The Arcade, Training, and VS modes are the standard stuff. The big unique mode is the Quest mode which sees you taking a single character from Arcade to Arcade challenging the locals and entering tournaments. It's a much different take on a quest. (Well, what do you expect from Sega?)
The 360 version released a year after the PS3 version, and it was worth the wait because of one major addition: XBOX LIVE PLAY!!! Now, Americans get the chance to get schooled by the Japanese players who took the Virtua Fighter courses (yeah, those REALLY exist!) without the humiliation of entering a public tournament. There are Leaderboards for Arcade and Training and VF.TV for watching ongoing matches. The online offerings are slim, but the fact that the game is, for the most part, lag-free, it kicks ass!

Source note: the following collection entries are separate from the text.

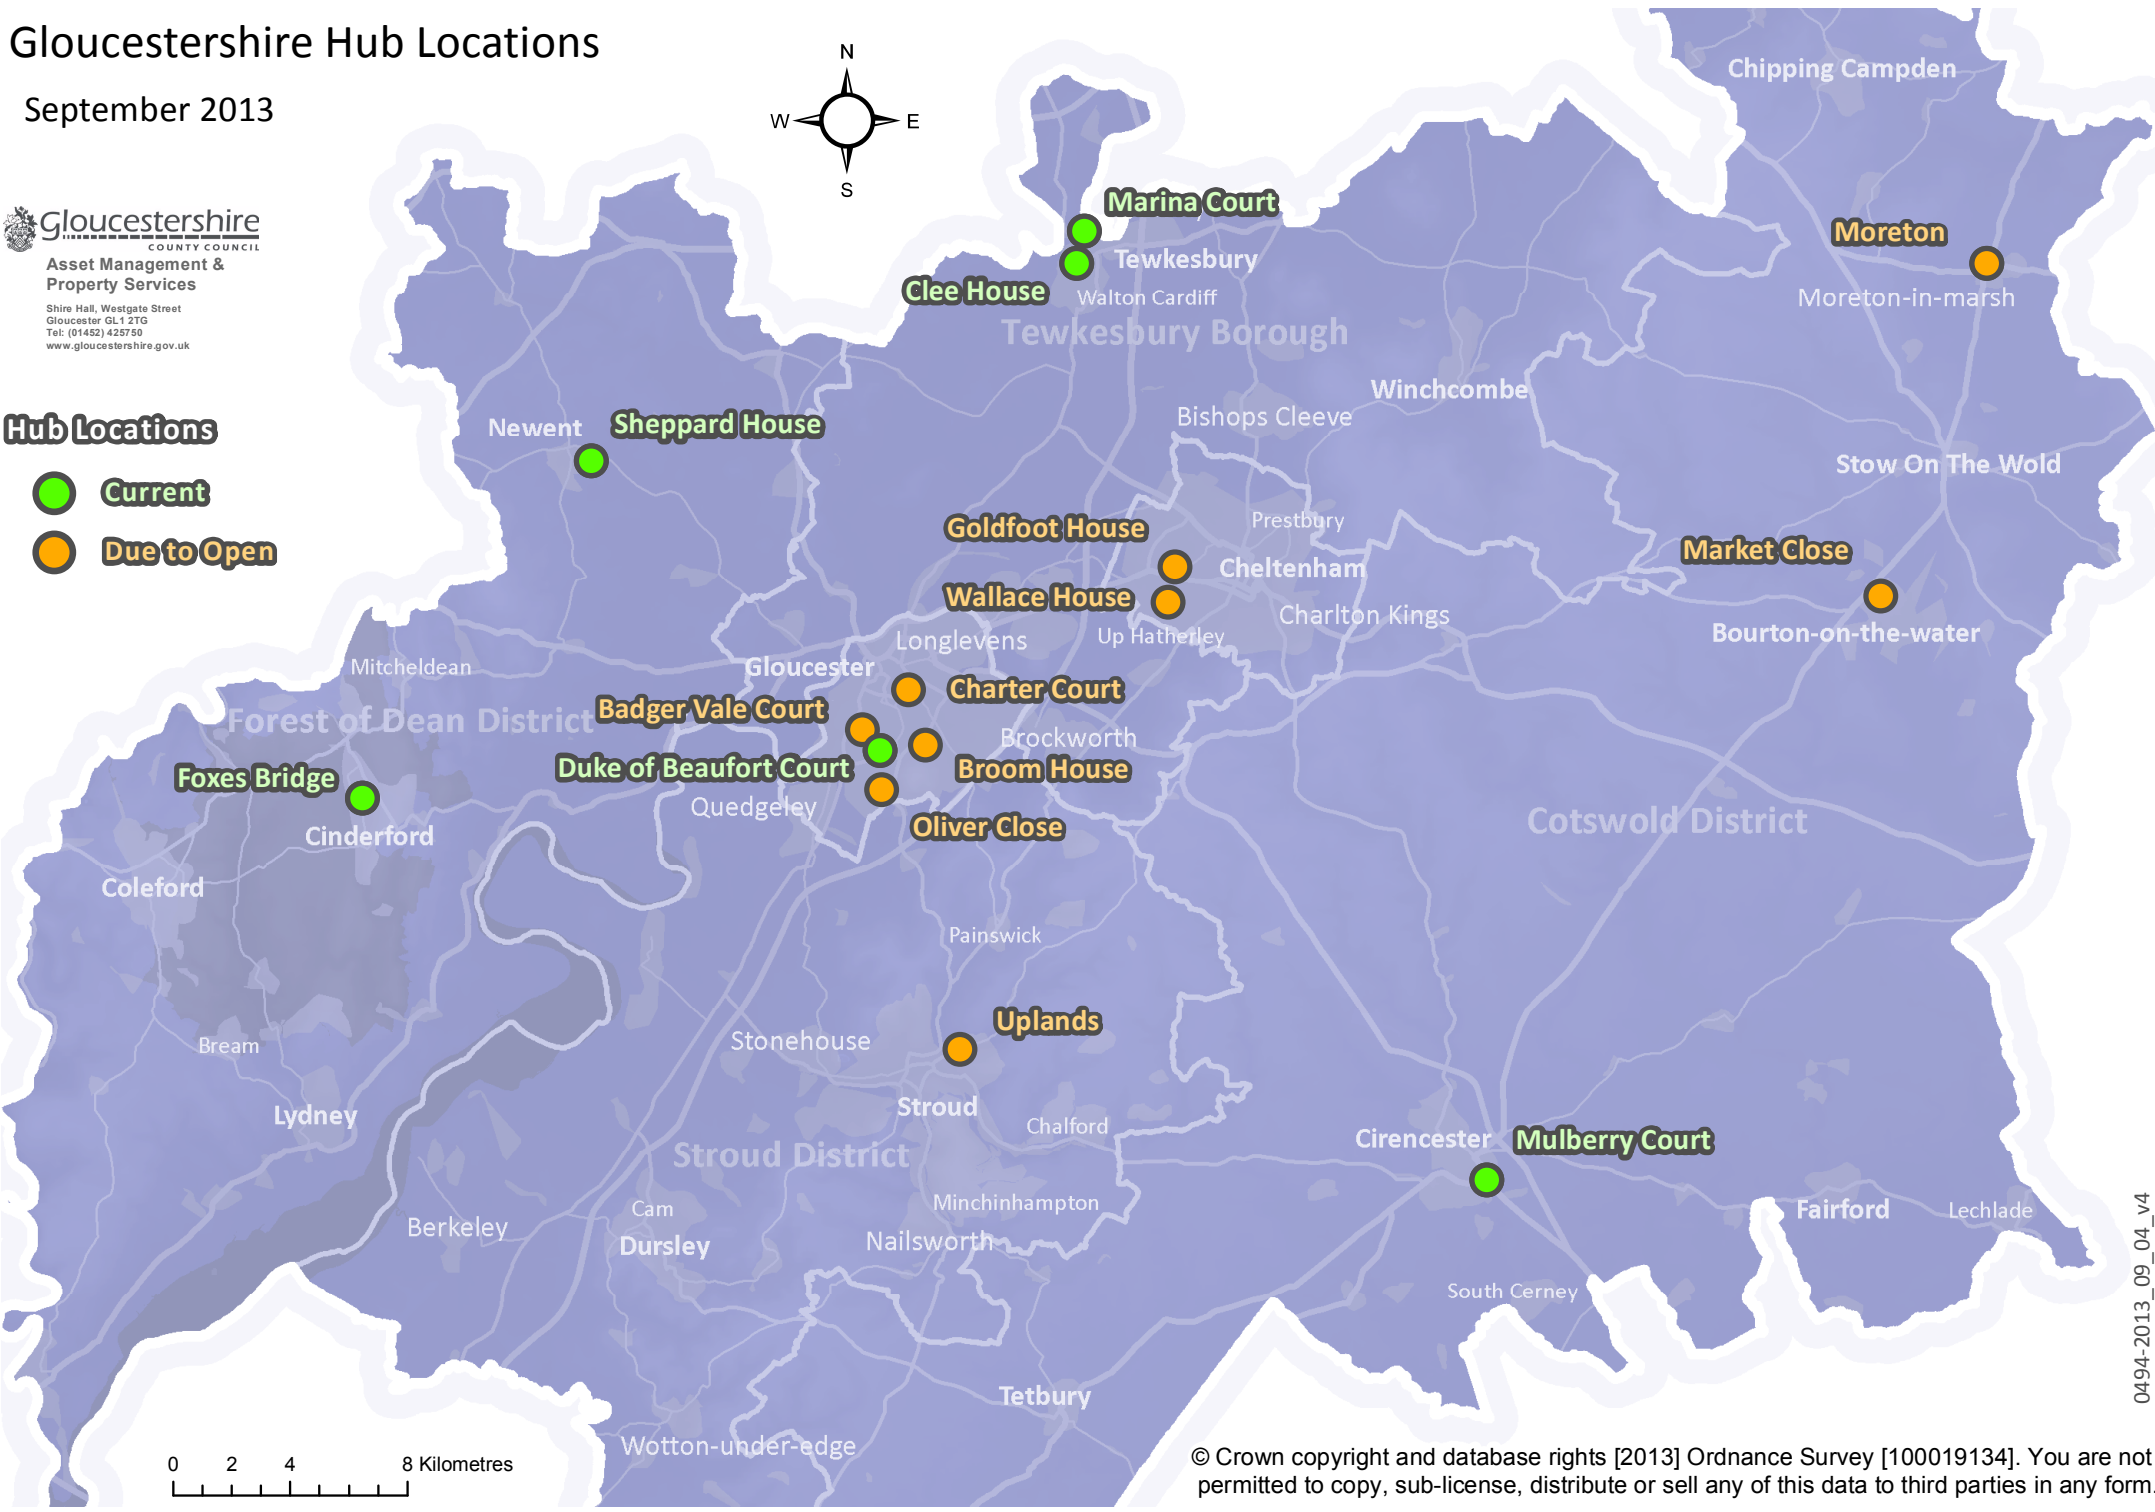

## Hub Locations

-  **Current**
-  **Due to Open**

© Crown copyright and database rights [2013] Ordnance Survey [100019134]. You are not permitted to copy, sub-license, distribute or sell any of this data to third parties in any form.
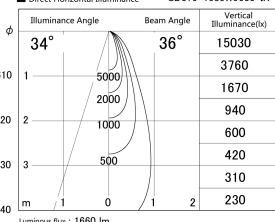

Item no. SD379-1535W9030-IK

Series Name: AMMA Lens type Cylinder Tracklight (In Track) (SD379-IK)

■ Lighting Distribution Curve (cd/1000 lm)

■ Direct Horizontal Illuminance SD379-1535W9030-IK

Installation	Track mount
Type	Lens type tracklight : In track type
Fixture wattage	14W
Beam angle	36deg
Color Temp.	3000K
CRI	Ra>90
Luminous	1658 lm
Body	Die-castaluminumalloy
Body finish	White
Trim finish	White
Reflector finish	N/A
IP Rate	IP20
Light source	COB module
Input Voltage	AC220~240V
Dimming Type	Non-Dimmable
Certificate	CE,CCC
Cut Hole	N/A
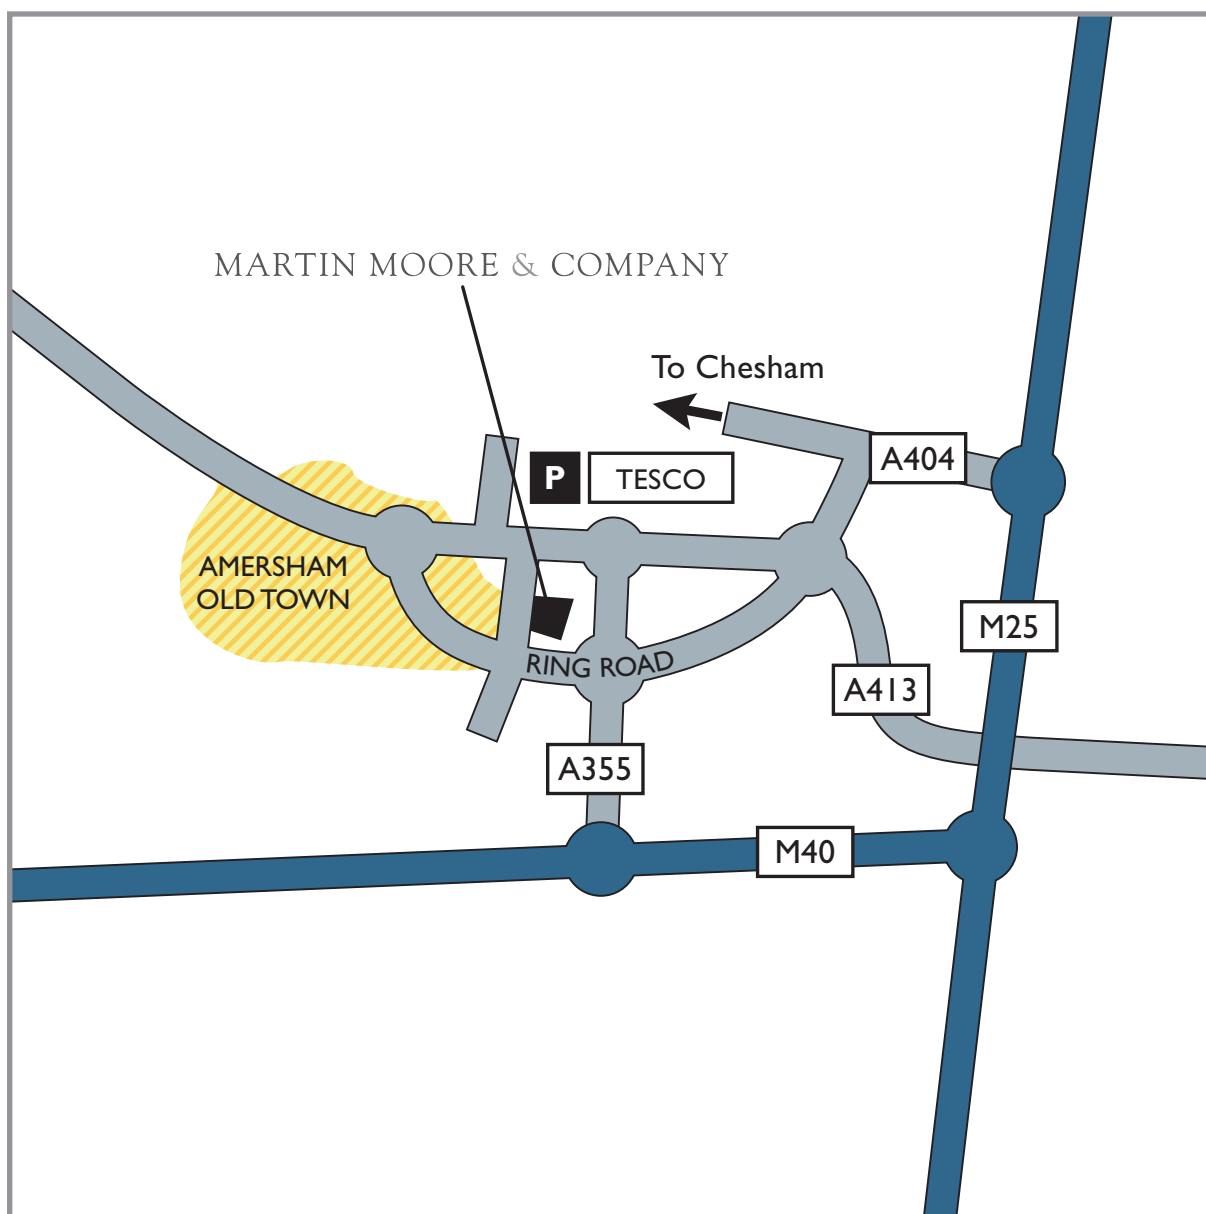

MARTIN MOORE & COMPANY

20 Whielden Street | Old Amersham | Buckinghamshire | HP7 0HT | telephone: 01494 431 617

Directions to Our Old Amersham Showroom

Our showroom is on Whielden Street at the edge of Old Amersham.

Turn into Whielden Street at the mini roundabout following signs to the hospital. A large public car park is situated close by.
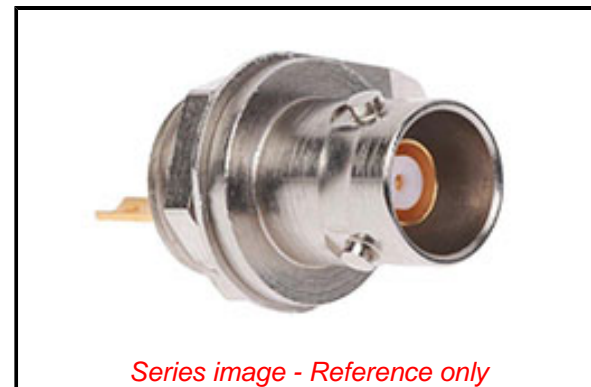

**PLEASE CHECK WWW.MOLEX.COM FOR LATEST PART INFORMATION**

**Part Number:** [0731157053](#)  
**Status:** **Active**  
**Overview:** [BNC Miniature RF Connectors and Cable Assemblies](#)  
**Description:** BNC 75 Ohm, Panel Isolated, Bulkhead Jack Receptacle, Solder Pot

**Documents:**

[Drawing \(PDF\)](#) [RoHS Certificate of Compliance \(PDF\)](#)

**General**

Product Family	RF/Coax Connectors
Series	73115
Comments	Solder Pot
Overview	<a href="#">BNC Miniature RF Connectors and Cable Assemblies</a>
Product Name	BNC
Style	Hookup Wire
Type	Miniature
UPC	800754342049
Wire/Cable Type	1.32mm max.

**Physical**

Cable Attachment	N/A
Gender	Jack
Keying to Mating Part	None
Orientation	Straight
PCB Mounting	N/A
Packaging Type	Bag
Panel Mount	Yes
Panel Mount Method	Bulkhead
Reverse Polar	No

**Electrical**

Frequency	2 GHz
Impedance	75Ω
Power / Voltage	VOLTAGE: 500 Vrms@Sea Level

**Material Info**

**Reference - Drawing Numbers**

Sales Drawing	SD-73115-7053
---------------	---------------

*Series image - Reference only*

All of the Achievements can be done in single-player, and most are meant for insane completionists, including beating ALL opponents in each of the Quest arcades and earning the highest rank with one fighter. It's a shame that the online play didn't factor into the Achievements since that was the big thing the 360 version had over the PS3.
Virtua Fighter 5 is a masterwork of fighting game design. It is one of the only fighting games where flailing gets you nowhere and where practice and dedication reward in spades. Pick it up, and give me a shout-out if you want a match!